[[ DATA PROVIDED, beginning ]]

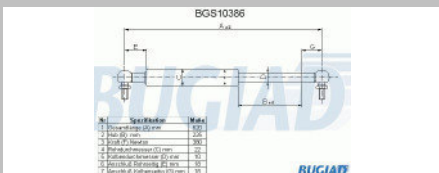

BGS10386

OE-No.: 6896029675

Gas Spring

Hersteller TOYOTA
Modell diverse
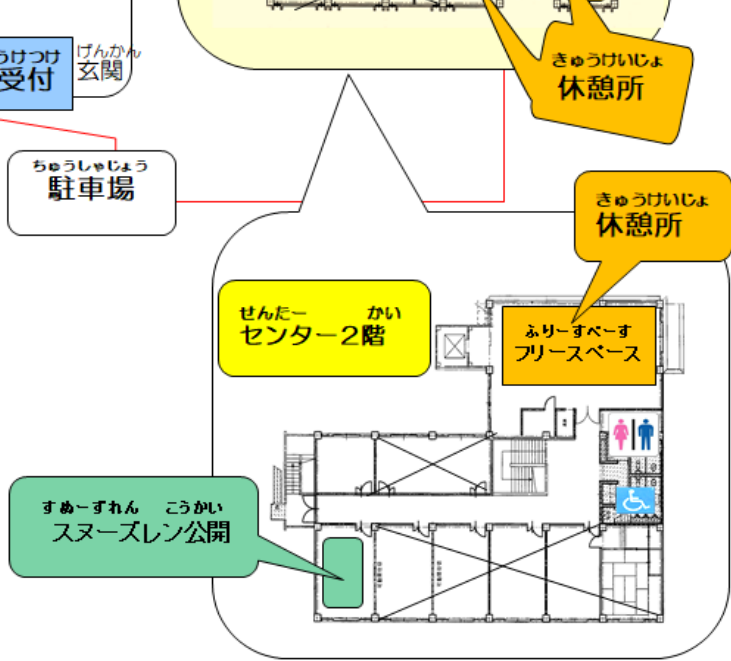

第32回 八王子福祉園祭会場図

さくらこうえん 桜公園

とうまえ きっさ
10棟前で喫茶
やってます!
スターバックス・
ケーキあります!

10:30~11:30
13:00~14:00
※なくなり次第終了

ぐらうんどかくだいず
グラウンド拡大図

- | | |
|--|-------------------------------------|
| ゆい かい
① 結の会
石けん、乾燥こんにやく等 | ふじくらがくえん さと
② 藤倉学園みつりの里
野菜 |
| かつえん
③ 活援「てくてく」
利用者作品販売 | さかもとちあき
④ 坂本千秋
野菜 |
| く るーぶ じー
⑤ グループG
手作り手芸品 | おんがたびょういん
⑥ 恩方病院
小物、陶芸、プラモデル等 |
| みやまがくえん
⑦ 美山学園
パン、きくらげ、
椎茸、ジュース | ⑧ ふーぶ
クッキー、パウンド、
クラフト作品 |
| おんがたゆうびんきょく
⑨ 恩方郵便局
切手、年賀はがき | あいこう
⑩ 愛幸
花苗 |
| はちおうじふあーまーざきつちん
⑪ HACHIYOUJI FARMER'S
KITCHEN ふあむ
惣菜、野菜、お菓子類等 | おんがたくせいえん
⑫ 恩方育成園
パウンドケーキ |
| はちおうじ いえ
⑬ 八王子ネコのお家さがし
雑貨・焼菓子 | |

はんばい しょくじ も かえ えんない め あ
*販売するお食事は持ち帰らず園内でお召し上がりください。
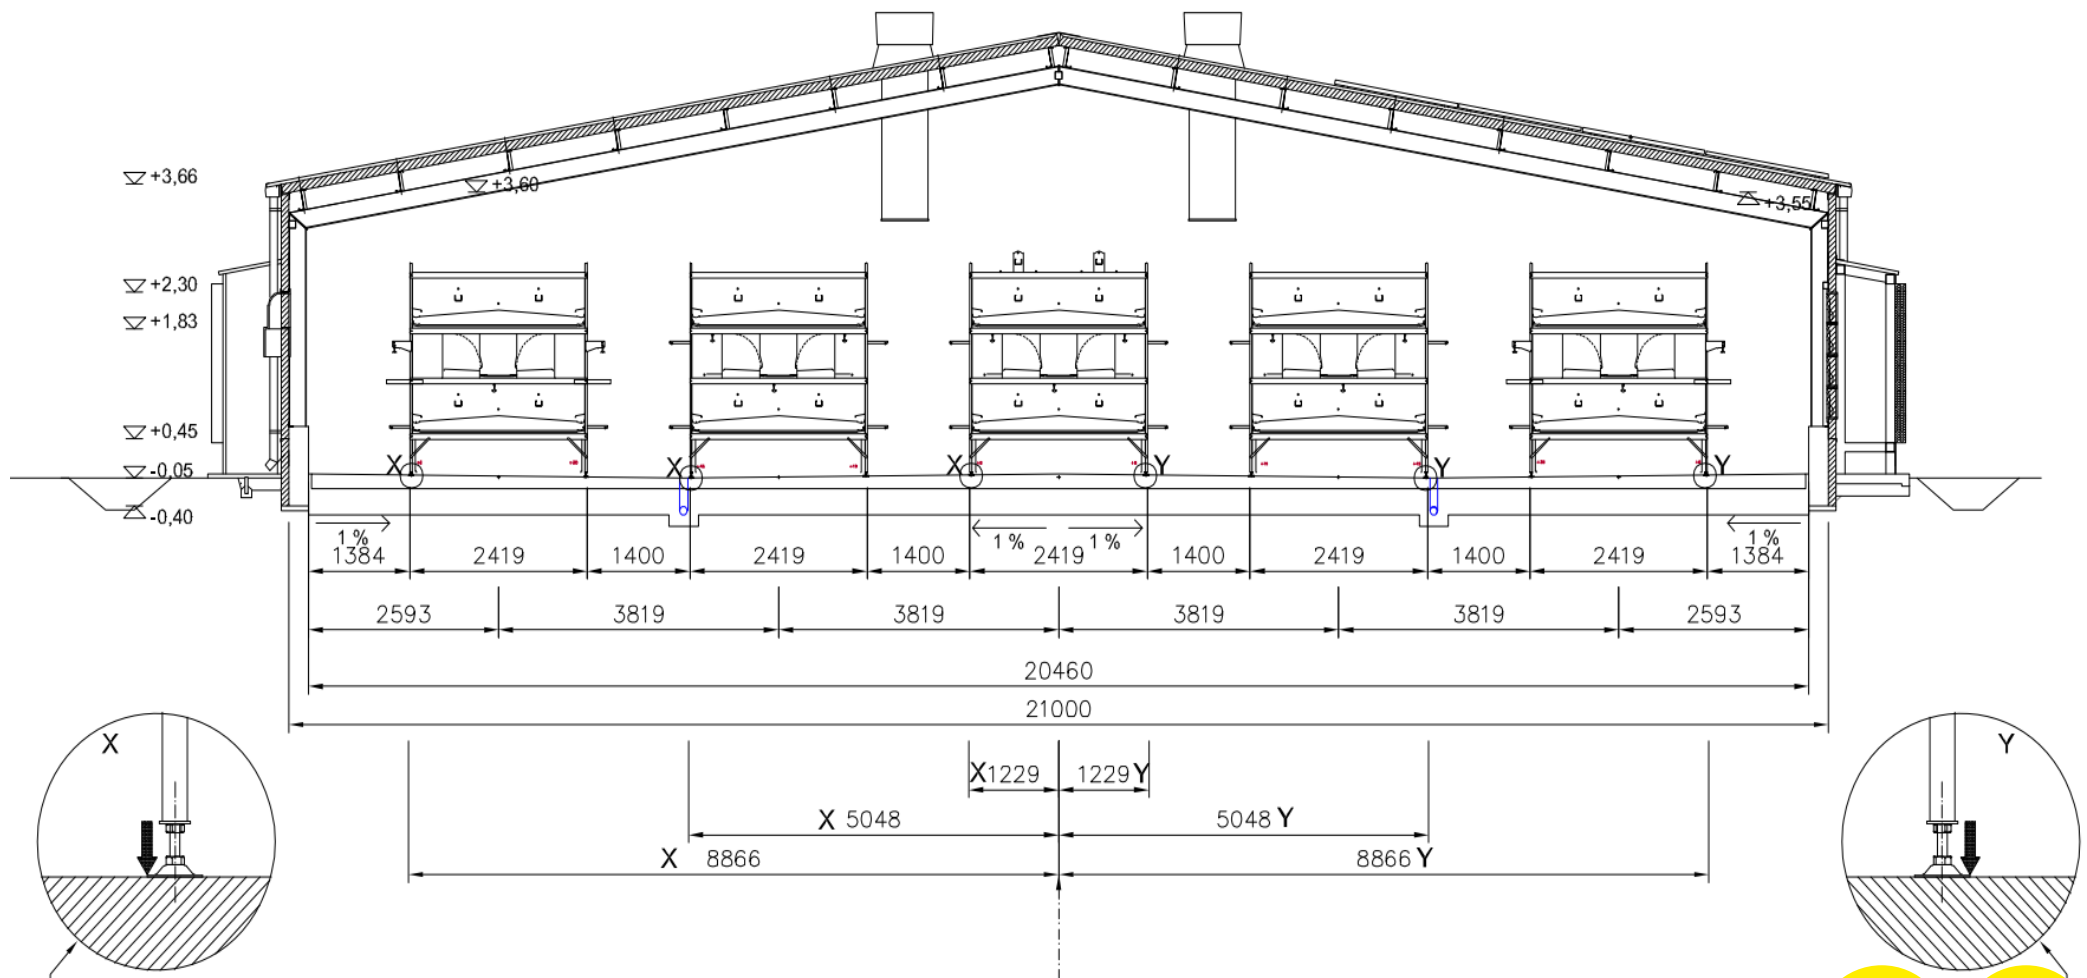

quality you can depend on

TECHNIKAI INFORMÁCIÓK

Volo - VLV PLUS

**MŰSZAKI
MEGOLDÁSOK**

**VILÁGÍTÁSI
RENDSZER**

PHOTO-VIDEO
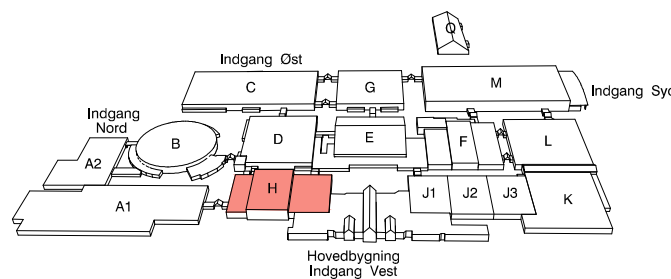

Målforshold : 1 : 300
Revideret : 23.10.23
Tegn. af : KMM

DANSK KENNEL KLUB
FOR HUNDEEJERE

9. - 10. november 2024

Hal D

Målforshold : 1 : 300
Revideret : 23.10.24
Tegn. af : KMM

DANSK KENNEL KLUB
FOR HUNDEEJERE

9. - 10. november 2024

Hal F

Målforskel: 1 : 300
Revideret: 02.10.24
Tegn. af: KMM

DANSK KENNEL KLUB
 FOR HUNDEEJERE

9. - 10. november 2024

MCH

Hal H

Målforshold : 1 : 300
 Revideret : 04.10.24
 Tegn. af : KMM

PORT 1
H: 446 cm.
B: 382 cm.

PORT 1
H: 280 cm.
B: 314 cm.

PORT 2
H: 446 cm.
B: 382 cm.

PORT 1
H: 446 cm.
B: 382 cm.

DANSK KENNEL KLUB
FOR HUNDEEJERE

9. - 10. november 2024

MCH

Hal J
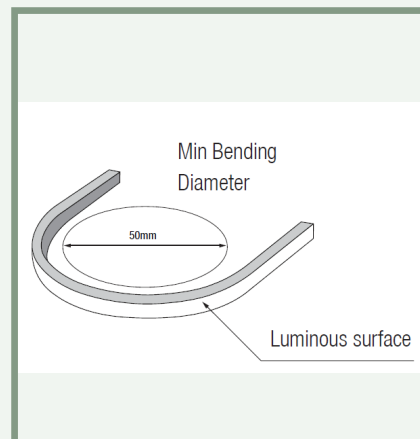

**TECHNICAL FEATURES**

Power	10W/m
Input current	24 Vdc
Dimmable	PWM
IP rating	67
Max. amb. Temp.	-25°C up to 45°C

**MEASUREMENTS AND MATERIAL FEATURES**

Measurements	6 x 12 x 5000/10000 mm
Cutable every...	50 mm

**LIGHTING CHARACTERISTICS COLORS**

Light color	Red/Green/Blauwe/ Amber/Pink/RGB
Beam angle	120°
CRI	—
Lifetime	50000h
SDCM	3
Lumen / watt	R:16.0 lm/w G: 39.8 lm/w B: 5.2 lm/w A:12.5 lm/w P:14.5 lm/w RGB:12.7 lm/w

Accessories

Aluminium Mounting Clips 20x9x8mm(L x W x H)

Aluminium profile 1000x9x6mm(L x W x H)

**Max.run Lenght**

2100K	10 m
2400K	10 m
2700K	10 m
3000K	10 m
3500K	10 m
4000K	10 m
5000K	10 m
6000K	10 m
TW	5 m
R	13 m
G	10 m
B	10 m
A	13 m
P	10 m
RGB	5 m

PRODUCTTYPE	Dimension	POWER	LIGHT COLOR
<b>EE -NL 0612 / 10 - 24</b>	6x12 mm	WATT/M	2400 KELVIN

SUMMARY PRODUCTCODES LED SELECONE NEON LIGHT 10 WATT 6x12 mm

- EE-NL0612/10-21 EE-NL0612/10-TW
- EE-NL0612/10-24 EE-NL0612/10-R
- EE-NL0612/10-27 EE-NL0612/10-G
- EE-NL0612/10-30 EE-NL0612/10-B
- EE-NL0612/10-35 EE-NL0612/10-A
- EE-NL0612/10-40 EE-NL0612/10-P
- EE-NL0612/10-50
- EE-NL0612/10-60
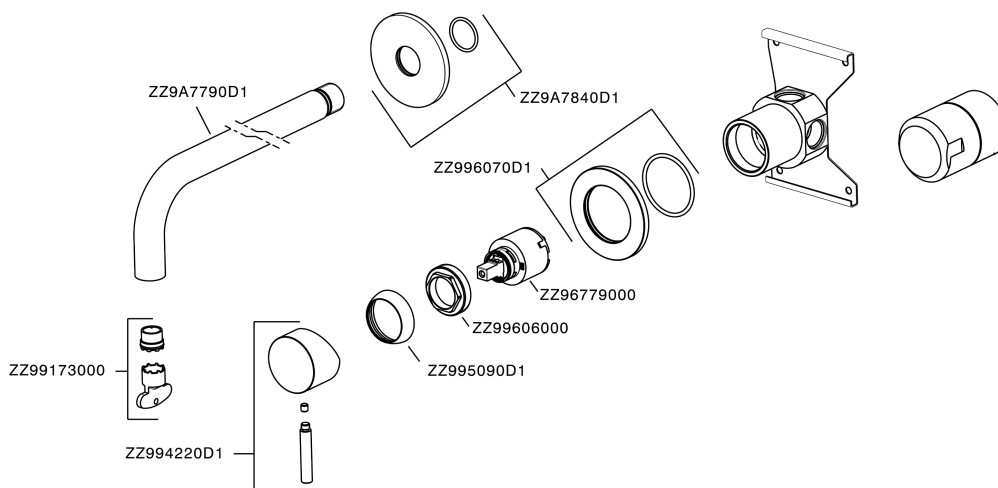

Lavabo monomando de pared XION_XI002511

XI002511

<https://es.cisal.it/lavabo-monomando-de-pared-xion-xi002511>

2025-01-15

[[ DATA PROVIDED, end ]]

_INSTRUCTIONS FOR THE TASK_
The records above need to be reproduced exactly, with all images omitted.

_TASK RESULT_
BGS10386

OE-No.: 6896029675

Gas Spring

Hersteller TOYOTA
Modell diverse

第32回 八王子福祉園祭会場図

さくらこうえん 桜公園

とうまえ きっさ
10棟前で喫茶
やってます!
スターバックス・
ケーキあります!

10:30~11:30
13:00~14:00
※なくなり次第終了

ぐらうんどかくだいず
グラウンド拡大図

- | | |
|--|-------------------------------------|
| ゆい かい
① 結の会
石けん、乾燥こんにやく等 | ふじくらがくえん さと
② 藤倉学園みつりの里
野菜 |
| かつえん
③ 活援「てくてく」
利用者作品販売 | さかもとちあき
④ 坂本千秋
野菜 |
| く るーぶ じー
⑤ グループG
手作り手芸品 | おんがたびょういん
⑥ 恩方病院
小物、陶芸、プラモデル等 |
| みやまがくえん
⑦ 美山学園
パン、きくらげ、
椎茸、ジュース | ⑧ ふーぶ
クッキー、パウンド、
クラフト作品 |
| おんがたゆうびんきょく
⑨ 恩方郵便局
切手、年賀はがき | あいこう
⑩ 愛幸
花苗 |
| はちおうじふあーまーざきつちん
⑪ HACHIYOUJI FARMER'S
KITCHEN ふあむ
惣菜、野菜、お菓子類等 | おんがたくせいえん
⑫ 恩方育成園
パウンドケーキ |
| はちおうじ いえ
⑬ 八王子ネコのお家さがし
雑貨・焼菓子 | |

はんばい しょくじ も かえ えんない め あ
*販売するお食事は持ち帰らず園内でお召し上がりください。

quality you can depend on

TECHNIKAI INFORMÁCIÓK

Volo - VLV PLUS

**MŰSZAKI
MEGOLDÁSOK**

**VILÁGÍTÁSI
RENDSZER**

PHOTO-VIDEO

Målforshold : 1 : 300
Revideret : 23.10.23
Tegn. af : KMM

DANSK KENNEL KLUB
FOR HUNDEEJERE

9. - 10. november 2024

Hal D

Målforshold : 1 : 300
Revideret : 23.10.24
Tegn. af : KMM

DANSK KENNEL KLUB
FOR HUNDEEJERE

9. - 10. november 2024

Hal F

Målforskel: 1 : 300
Revideret: 02.10.24
Tegn. af: KMM

DANSK KENNEL KLUB
 FOR HUNDEEJERE

9. - 10. november 2024

MCH

Hal H

Målforshold : 1 : 300
 Revideret : 04.10.24
 Tegn. af : KMM

PORT 1
H: 446 cm.
B: 382 cm.

PORT 1
H: 280 cm.
B: 314 cm.

PORT 2
H: 446 cm.
B: 382 cm.

PORT 1
H: 446 cm.
B: 382 cm.

DANSK KENNEL KLUB
FOR HUNDEEJERE

9. - 10. november 2024

MCH

Hal J

**TECHNICAL FEATURES**

Power	10W/m
Input current	24 Vdc
Dimmable	PWM
IP rating	67
Max. amb. Temp.	-25°C up to 45°C

**MEASUREMENTS AND MATERIAL FEATURES**

Measurements	6 x 12 x 5000/10000 mm
Cutable every...	50 mm

**LIGHTING CHARACTERISTICS COLORS**

Light color	Red/Green/Blauwe/ Amber/Pink/RGB
Beam angle	120°
CRI	—
Lifetime	50000h
SDCM	3
Lumen / watt	R:16.0 lm/w G: 39.8 lm/w B: 5.2 lm/w A:12.5 lm/w P:14.5 lm/w RGB:12.7 lm/w

Accessories

Aluminium Mounting Clips 20x9x8mm(L x W x H)

Aluminium profile 1000x9x6mm(L x W x H)

**Max.run Lenght**

2100K	10 m
2400K	10 m
2700K	10 m
3000K	10 m
3500K	10 m
4000K	10 m
5000K	10 m
6000K	10 m
TW	5 m
R	13 m
G	10 m
B	10 m
A	13 m
P	10 m
RGB	5 m

PRODUCTTYPE	Dimension	POWER	LIGHT COLOR
<b>EE -NL 0612 / 10 - 24</b>	6x12 mm	WATT/M	2400 KELVIN

SUMMARY PRODUCTCODES LED SELECONE NEON LIGHT 10 WATT 6x12 mm

- EE-NL0612/10-21 EE-NL0612/10-TW
- EE-NL0612/10-24 EE-NL0612/10-R
- EE-NL0612/10-27 EE-NL0612/10-G
- EE-NL0612/10-30 EE-NL0612/10-B
- EE-NL0612/10-35 EE-NL0612/10-A
- EE-NL0612/10-40 EE-NL0612/10-P
- EE-NL0612/10-50
- EE-NL0612/10-60

Lavabo monomando de pared XION_XI002511

XI002511

<https://es.cisal.it/lavabo-monomando-de-pared-xion-xi002511>

2025-01-15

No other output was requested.